Adds Woodland Hills and Pasadena psychotherapist Ken Kaufman, “These people create a fantasy level, thinking their hosts will understand them immediately. But in real therapy, it takes a while to develop a rapport.”

Still, many seem anxious to reap the benefits of instant psychotherapy with a host who has become familiar to them. And so we get people like Stephie Van Wilgen, a young woman from New Haven, Conn., who first talked about a rape experience not with her husband or a friend or a shrink, but with Sally Jessy Raphael.

“I started watching her show and I just felt here was someone who would understand,” explains Van Wilgen. “I thought maybe my nightmares would finally end.” Van Wilgen claims she didn’t plan to go on the show but simply wrote Raphael a letter suggesting she do a show on rape victims.

The producers flew her to St. Louis to meet Raphael in person. “She told me I did not have to do the show, but the more we talked, the more I trusted her,” Van Wilgen says. “They did not coerce me but the next morning I did the show and my whole life changed.”

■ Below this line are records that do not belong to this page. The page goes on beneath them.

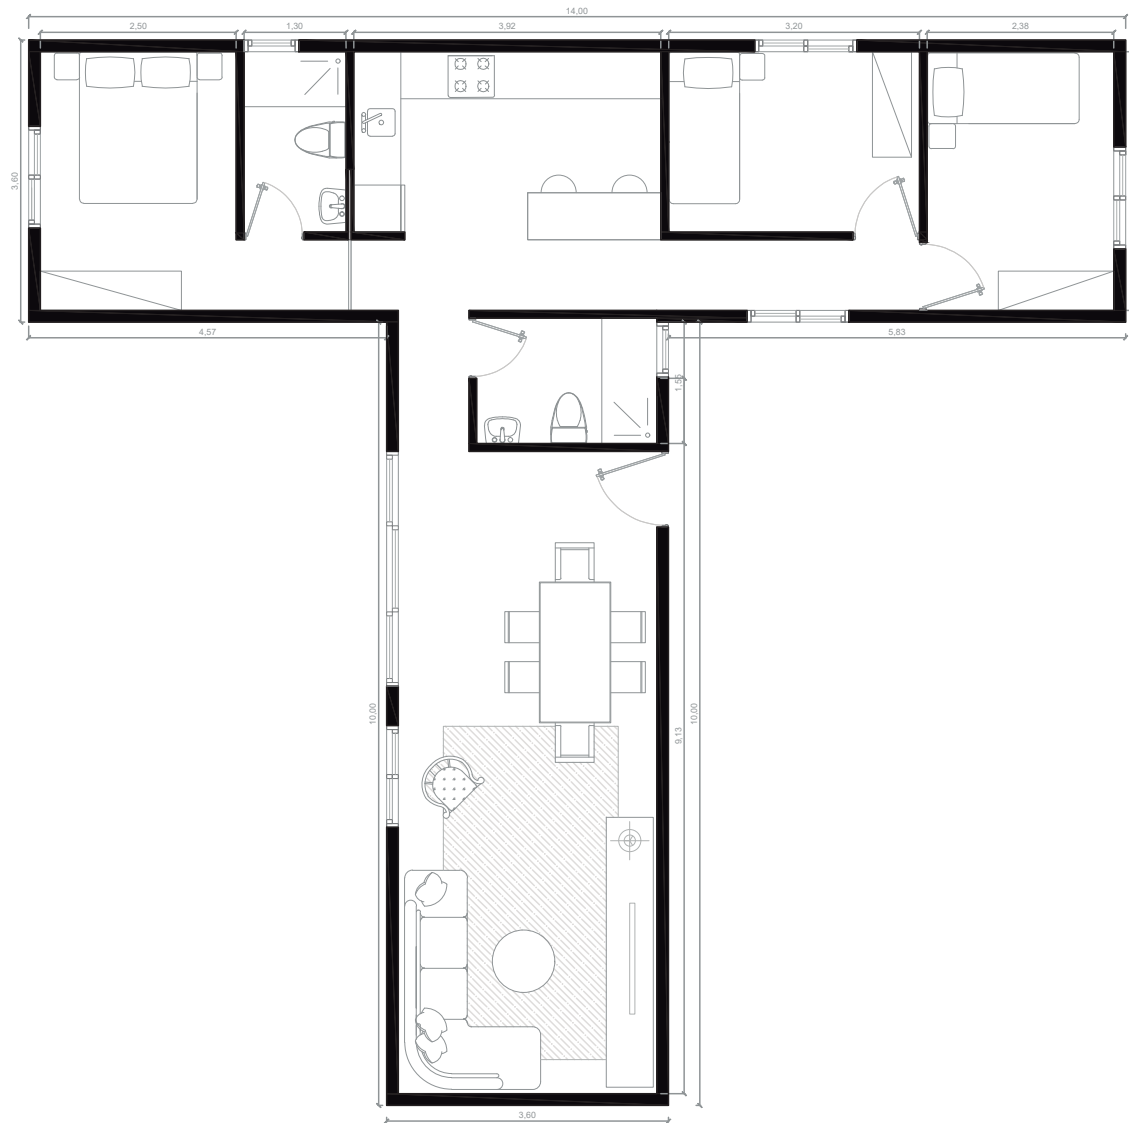

Arquitectura **25**  
**MODULAR**  
DESDE 1999  
AÑOS ANIVERSARIO

**M5 - MIX**

[www.arquitectura-modular.com](http://www.arquitectura-modular.com)

VIVIENDA MODULAR		Arquitectura <b>25</b> <b>MODULAR</b> ANOS ANIVERSARIO DESDE 1999
PROYECTO MODULAR	FECHA :24/06/2021	
MÓDULO 4,5X6 / 4,5X6	54 M2	ESCALA : 1/50
		NÚMERO :

VIVIENDA MODULAR	
PROYECTO MODULAR	FECHA: 24/06/2021
MÓDULOS 4,5X8 / 4,5X6	63 M2
ESCALA: 1/50.	
NÚMERO:	

VIVIENDA MODULAR		Arquitectura MODULAR 25 AÑOS ANIVERSARIO
PROYECTO MODULAR	FECHA: 24/06/2021	
MÓDULO	67,5 M2	ESCALA: 1/50
4,5X9 / 4,5X6		NÚMERO:

VIVIENDA MODULAR	
PROYECTO MODULAR	FECHA: 24/06/2021
MÓDULO 4,5X8 / 4,5X8	72 M2
ESCALA: 1/50	
NÚMERO:	

VIVIENDA MODULAR	
PROYECTO MODULAR	FECHA: 24/06/2021
MÓDULO	ESCALA: 1/50
5X9 / 5X7	NÚMERO:

VIVIENDA MODULAR	
PROYECTO MODULAR	FECHA: 24/06/2021
MÓDULO 3,6X12 / 3,6X12	86 M2
ESCALA : 1/50	
NÚMERO :

For Van Wilgen, relieving herself of the truth “after holding it in for 13 years” was a great relief, and whether she missed the subtle talents of persuasion around her is almost irrelevant. Hers may have been the best-case scenario of telecatharsis. The show’s producers called her when she returned home, found her a therapist and she’s gone on to work for a rape treatment center and have a child (whose godmother is Raphael).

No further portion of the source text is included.